In a frequency division duplexing multiple-input multiple-output (FDD-MIMO) system, the user equipment (UE) send the downlink channel state information (CSI) to the base station for performance improvement. However, with the growing complexity of MIMO systems, this feedback becomes expensive and has a negative impact on the bandwidth. Although this problem has been largely studied in the literature, the noisy nature of the feedback channel is less considered. In this paper, we introduce PRVNet, a neural architecture based on variational autoencoders (VAE). VAE gained large attention in many fields (e.g., image processing, language models, or recommendation system). However, it received less attention in the communication domain generally and in CSI feedback problem specifically.

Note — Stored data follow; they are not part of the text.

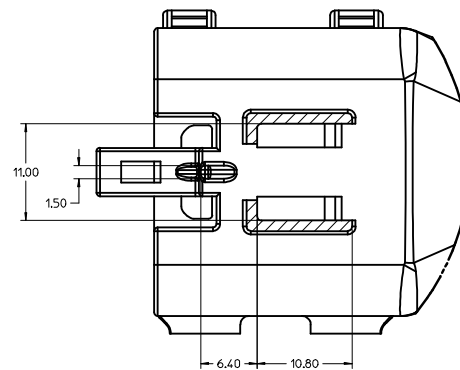

SHEET DESCRIPTION

BACKSHELL

Partial Z-Z
SCALE 35:1

ENTER DESCRIPTION EC NO: UAU2017-0031 DRAWING: 104 CHKD: APPR:KDEKOSKI 2016/08/16 2016/09/01	QUALITY SYMBOLS ∇=0 ∇=0 ∇=0	GENERAL TOLERANCES (UNLESS SPECIFIED) mm INCH 4 PLACES ± --- ± --- 3 PLACES ± --- ± --- 2 PLACES ± 0.10 ± --- 1 PLACE ± 0.2 ± --- 0 PLACE ± --- ± ---	DIMENSION STYLE MM ONLY	SCALE 3.5:1	DESIGN UNITS METRIC	THIRD ANGLE PROJECTION	
	DRAWN BY DATE APPROFFITT 2014/04/28	CHECKED BY DATE KBORUSZEWSKI 2014/04/29	APPROVED BY DATE VKOSHY 2014/05/14	MATERIAL NO. SEE NOTE 2a.	DOCUMENT NO. SD-33482-0001	SHEET NO. 8 OF 9	TITLE MX150 BLADE DUAL ROW SEALED ASSEMBLY MAT SEAL
	DRAFT WHERE APPLICABLE MUST REMAIN WITHIN DIMENSIONS	THIS DRAWING CONTAINS INFORMATION THAT IS PROPRIETARY TO MOLEX INCORPORATED AND SHOULD NOT BE USED WITHOUT WRITTEN PERMISSION					
	SIZE 1

We also introduce a different regularization parameter for the learning objective, which proved to be crucial for achieving competitive performance. In addition, we provide an efficient way to tune this parameter using KL-annealing. Empirically, we show that the proposed model significantly outperforms state-of-the-art, including two neural network approaches. The proposed model is also proved to be more robust against different levels of noise.